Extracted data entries
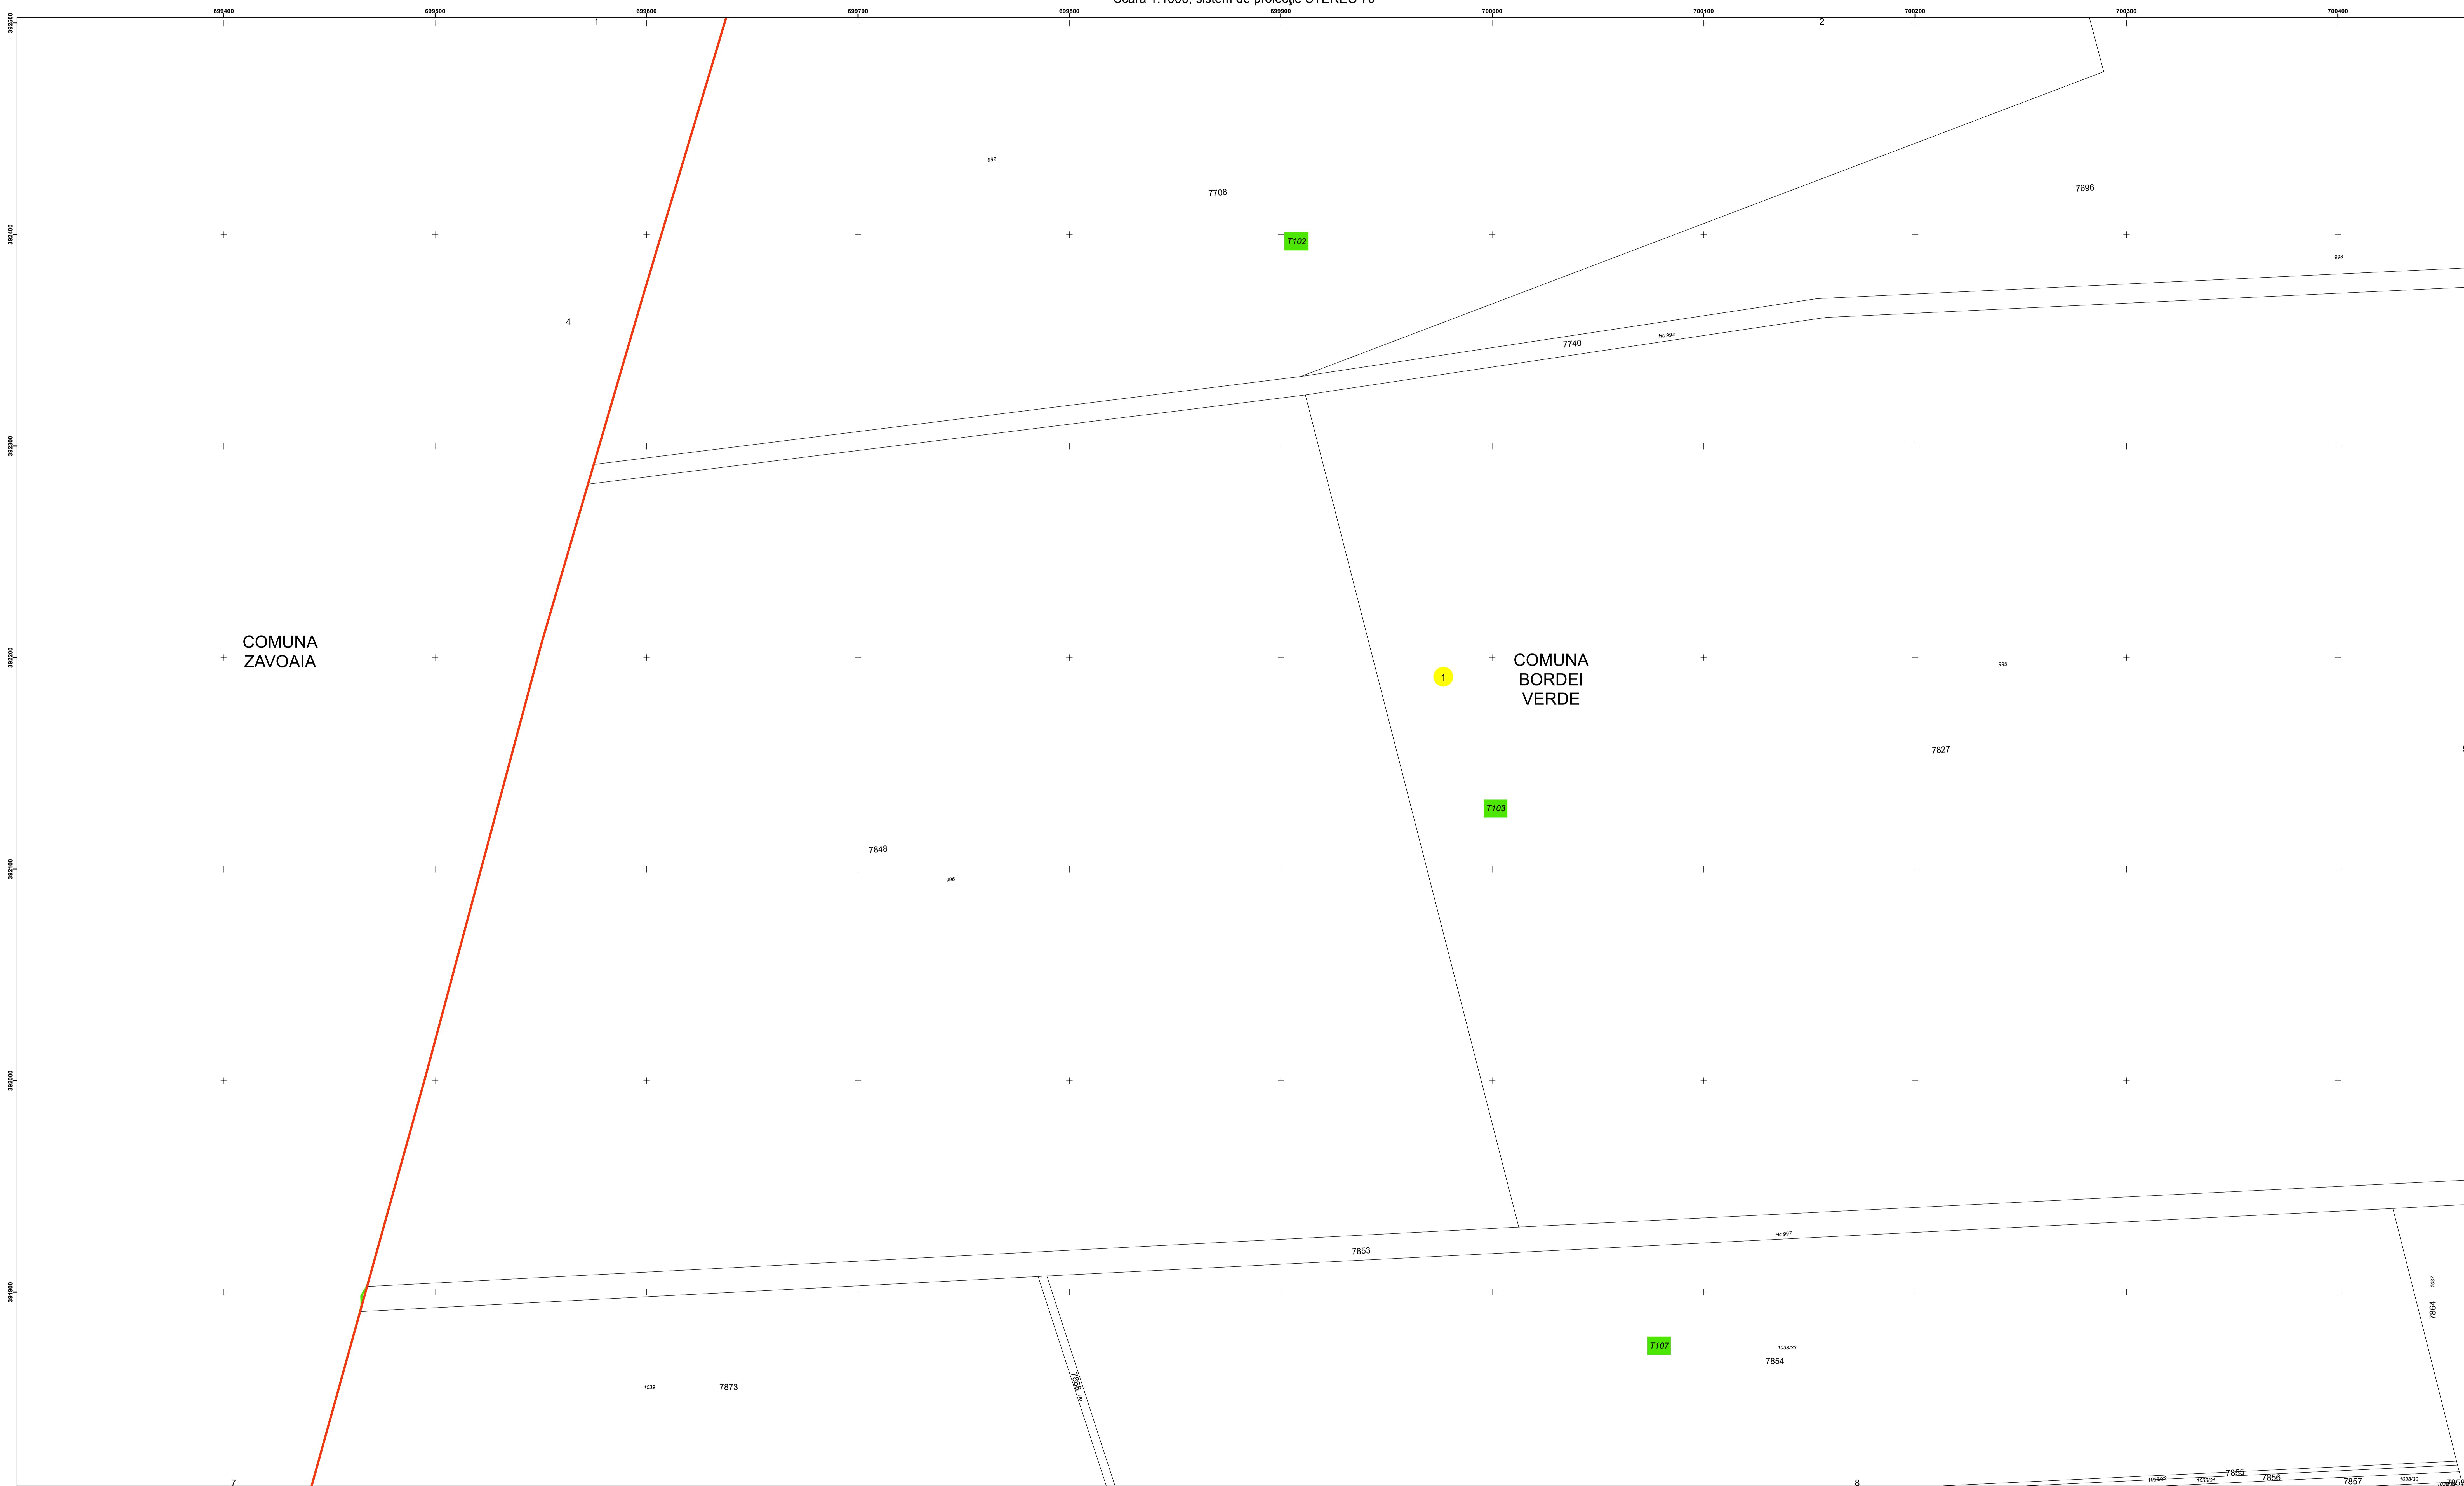

PLAN CADASTRAL
Comuna Bordei Verde, județul Brăila, Sector Cadastral 1
Scara 1:1000, sistem de proiecție STEREO 70

Legendă

Limită UAT	Construcție	Taria
Limită Intravilan	Număr Sector Cadastral	Parcelă
Sector Cadastral	458 Identificator Teren	
Limită Imobil	C1 Număr Construcție	

Executant: SC MEGAGIS SRL

Spre publicare
Data: august 2023
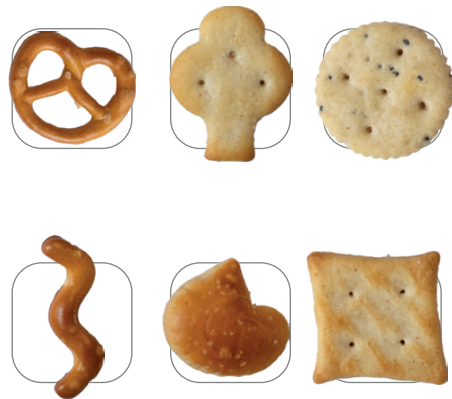

Des bonnes bretzels entourées de crackers et de mini sticks :
ce mélange est parfait pour varier les saveurs à l'apéro

Grammage : env. 10 g
Format : 80 x 120 mm
Colisage : 100 pièces
Film : film OPP blanc
Impression : 4c quadri

Conservation : 6 mois dans des conditions de stockage adéquates
Délai de livraison : env. 15 jours ouvrables après validation BAT

Prix en € pour 100 pièces

Quantité	4c quadri	Frais d'impression
3.000		
5.000		
10.000		
20.000		

Mélange :

WHAT TO DO:
The answer must be the line containing "Délai de livraison" and every line after it through the end of the records, repeated exactly.

THE COMPLETED TASK:
Délai de livraison : env. 15 jours ouvrables après validation BAT

Prix en € pour 100 pièces

Quantité	4c quadri	Frais d'impression
3.000		
5.000		
10.000		
20.000		

Mélange :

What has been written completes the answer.